Spreadsheet bibliography

Title Understanding data analysis workflows on spreadsheets: Roadblocks and opportunities
Authors Pingjing Yang, Cheng Ti-Chung, Sajjadur Rahman, Mangesh Bendre, Karrie Karahalios, & Aditya Parameswaran
Year 2020
Type Proceedings
Publication Proceedings of Workshop on Human-In-the-Loop Data Analytics (HILDA'20)
Series June

Spreadsheets are widely used for data management and analysis by individuals and teams with varying degrees of programming expertise across a spectrum of domains.

While several papers have studied the prevalence of errors on spreadsheets and performed ethnographic studies on spreadsheet use, little is known about how spreadsheet users approach and address computational tasks on spreadsheets, especially on relatively large datasets.

To understand how users analyze data on spreadsheets, we conducted a study consisting of eight common analytical tasks, with thirty-two participants. Participants developed an execution strategy for each task and then attempted to operationalize this strategy within the spreadsheet system. From examining the study results and transcripts, we identified the successful and unsuccessful strategies participants adopted in addressing the tasks.

In general, we find that unsuccessful spreadsheet users had difficulties mapping spreadsheet models to their predetermined execution strategies, comprehending online help documents when trying to learn how to use new formulae, and identifying workarounds when confronted with roadblocks.

We identify opportunities to reduce barriers in computational task completion, including improvements to the spreadsheet interface and better training/educational methodologies and tools.

Full version Available
Sankey diagram of task progression and outcome
Sankey diagram of task progression and outcome

The figure shows a Sankey diagram summarizing how participants attempted a task.

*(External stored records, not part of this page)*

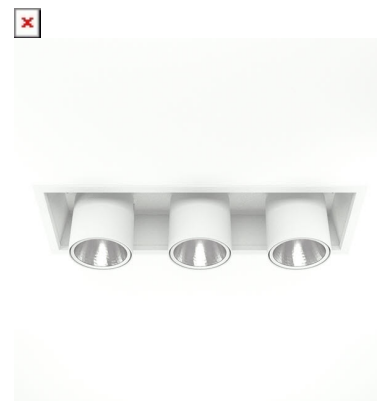

FLEX III 4000, 930 (BBBL), SPOT, GREY

ITAB

- ✓ Modernt, minimalistiskt och prydligt tak
- ✓ Finns i olika storlekar och lumenpaket
- ✓ Verktygsfri installation
- ✓ Tillgänglig i vitt, svart och grått
- ✓ Infälld och ställbar

TECHNICAL SPECIFICATION

Product Code	306-570-30
Colour	Grey
Control	On/off
CRI light colour	930 (BBBL)
Delivered lumen output lm	3 x 3766
Driver	Stand alone, included
EEI	E
Light distribution	Spot
Lightsource	LED COB
Mains input voltage	220-240 V
Measurements A	202
Measurements B	179
Measurements C	523
Measurements D	70
Mounting	Recessed
Position	360°/60°
Lifetime	L80 B10, 50.000h
Protection	IP 20, class III
Sawing instructions x	177
Sawing instructions y	512
Start Time	Instant
System power W	3 x 30,1
Unit	mm
Weight	2,8

A= 202mm
B= 179mm
C= 523mm
D= 70mm

Spot	Medium	Flood	Wide Flood
14°	27°	38°	56°
m	m	m	m
1.0	1.0	1.0	1.0
2.0	2.0	2.0	2.0
3.0	3.0	3.0	3.0
0.25	0.48	0.69	1.07
0.49	0.95	1.39	2.14
0.74	1.43	2.08	3.22

177 x 512mm
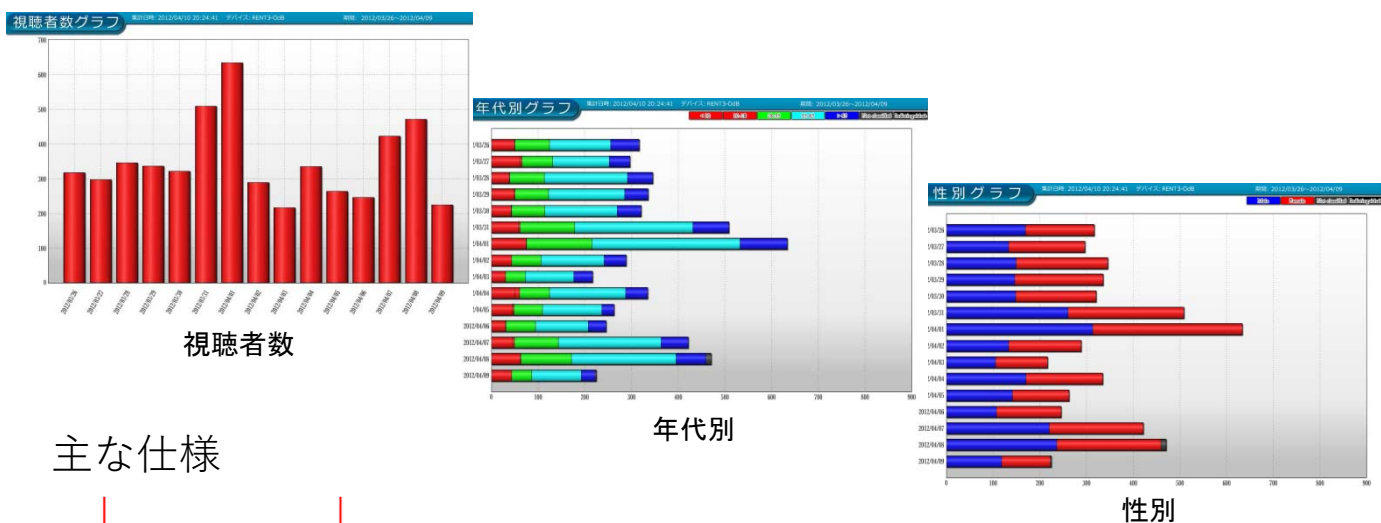

顔認識カメラによる 視聴者属性測定ソリューション

視聴者数、年代性別などの視聴者属性情報を顔認証カメラで分析！！

- 測定内容：視聴者数、性別、年代（5段階）、視聴時間および時間帯
- 視野角：125度
- カメラと顔認証部が一体化され、顔画像を瞬時にデータ化
- 放映したコンテンツ単位の視聴グラフを作成
- 小型カメラで設置も簡単

視聴者情報の見える化

視聴者情報の測定ログは、グラフ化してASPで提供。Webブラウザのある環境であれば、グラフの閲覧やレポート作成が可能。

主な仕様

本体	
外形寸法	260.0 × 69.5 × 33.0 (W × D × H)
重量	437g
DC入力電圧	12V
DC消費電力	6W
使用温度範囲	10°C ~ 40°C
使用湿度範囲	10% ~ 80%, 結露無き事
保存温度範囲	-20°C ~ 45°C
保存湿度範囲	5% ~ 95%、結露無き事
水平視野角	125°
垂直視野角	45°

電源アダプタ	
重量	294g (ケーブル含む)
AC入力電圧範囲	100V ~ 240V

Out of 24 participants, 6 participants gave an incorrect answer after performing their planned approaches. Among them, one participant used a different approach to achieve the correct result, while five participants gave up.

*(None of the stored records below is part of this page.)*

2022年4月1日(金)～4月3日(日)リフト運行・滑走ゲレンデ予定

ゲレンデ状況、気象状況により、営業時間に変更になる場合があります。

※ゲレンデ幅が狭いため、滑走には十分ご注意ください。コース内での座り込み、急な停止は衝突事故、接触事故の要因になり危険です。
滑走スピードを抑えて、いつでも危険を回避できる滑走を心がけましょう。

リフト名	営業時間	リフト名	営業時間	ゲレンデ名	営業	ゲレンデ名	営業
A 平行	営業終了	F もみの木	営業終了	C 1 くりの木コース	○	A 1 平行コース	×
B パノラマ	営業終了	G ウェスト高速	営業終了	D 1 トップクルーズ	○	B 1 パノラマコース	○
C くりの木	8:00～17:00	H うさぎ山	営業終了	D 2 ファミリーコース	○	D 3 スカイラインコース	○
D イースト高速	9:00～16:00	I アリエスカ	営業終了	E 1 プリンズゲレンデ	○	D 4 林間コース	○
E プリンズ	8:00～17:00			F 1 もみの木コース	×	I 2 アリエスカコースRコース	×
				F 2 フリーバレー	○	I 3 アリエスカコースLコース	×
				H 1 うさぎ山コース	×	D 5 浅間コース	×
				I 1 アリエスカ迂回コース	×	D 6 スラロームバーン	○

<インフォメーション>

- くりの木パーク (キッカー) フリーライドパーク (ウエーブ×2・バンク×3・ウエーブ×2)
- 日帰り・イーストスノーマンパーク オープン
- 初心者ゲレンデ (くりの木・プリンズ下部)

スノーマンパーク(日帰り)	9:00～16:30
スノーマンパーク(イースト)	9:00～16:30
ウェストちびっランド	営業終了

We identified three typical flows for participants when attempting to address tasks:

  • Successful submissions &endash; where participants were able to complete a task successfully at the first attempt.
  • Refined successful submission &endash; where participants initially failed, but were able to refine their strategies to complete a task.
  • Unsuccessful submission &endash; where participants did not recover from a failure.